# [Requirement]
Gather all lines in the data that hold the string "Township".

# [Stored items from a collection]
============
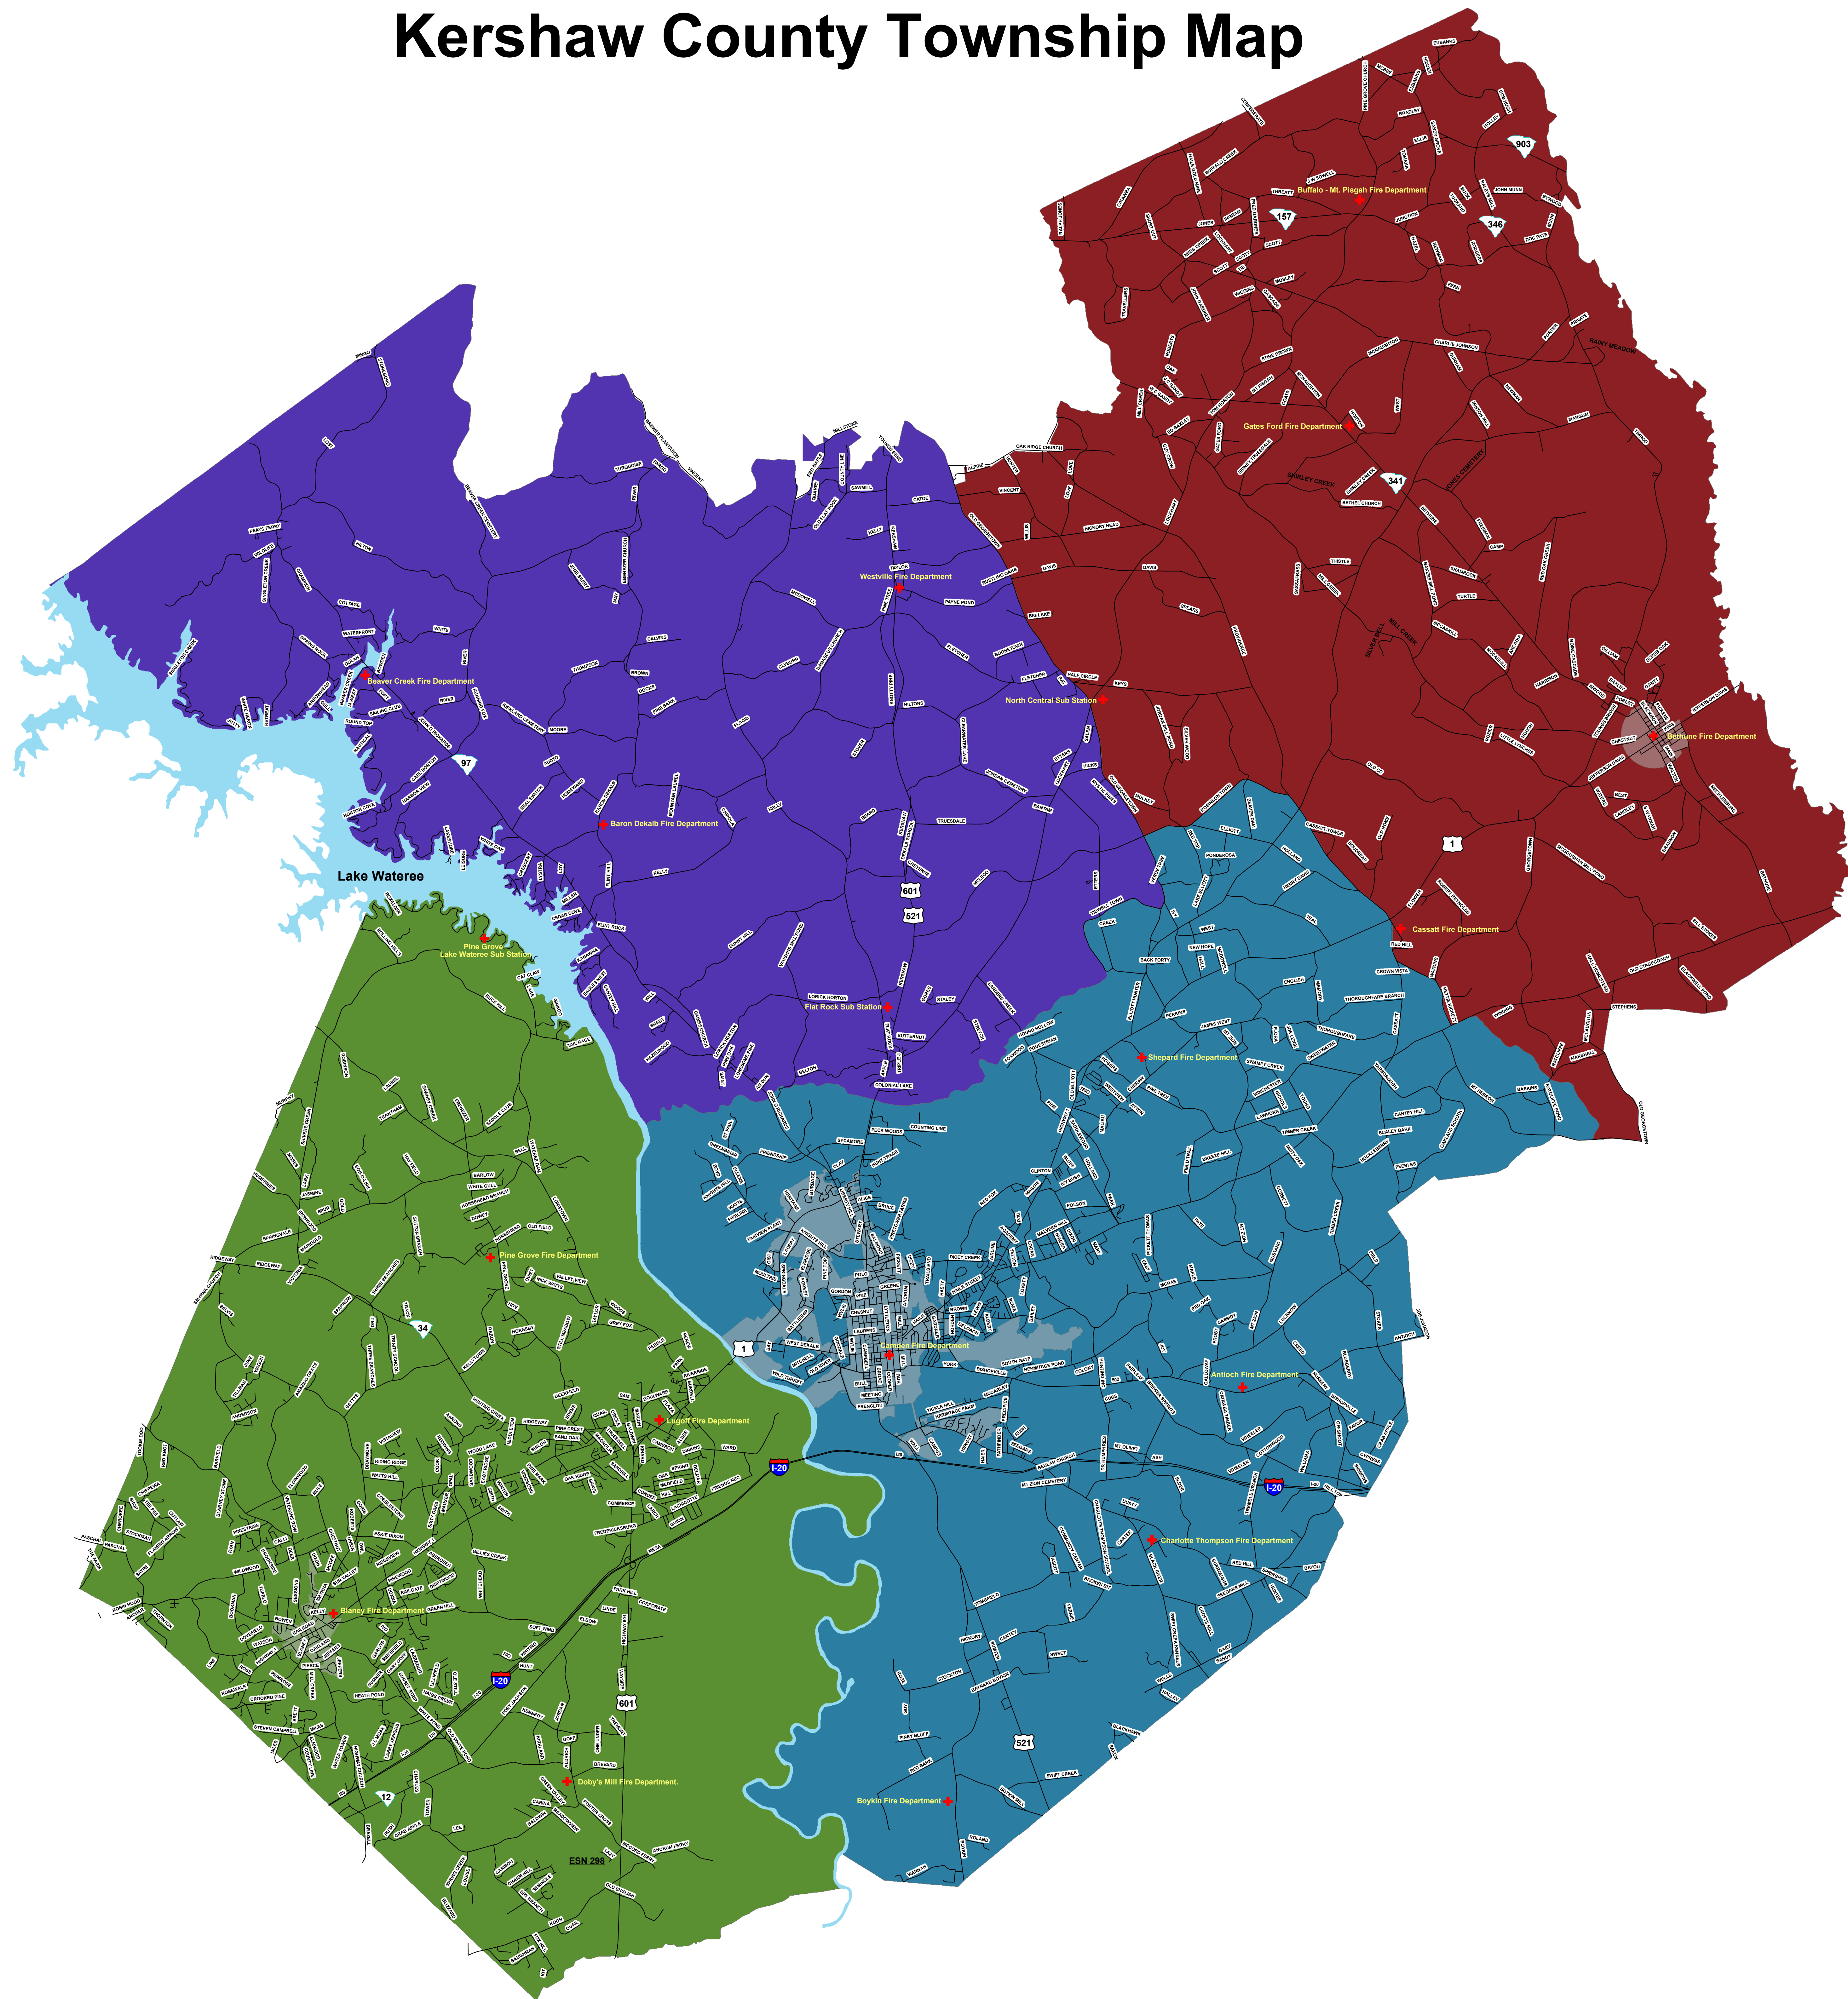

# Kershaw County Township Map

**Legend**

**Township Name**

- Buffalo
- Dekalb
- Flat Rock
- Wateree
============
# [Written answer]
# Kershaw County Township Map
**Township Name**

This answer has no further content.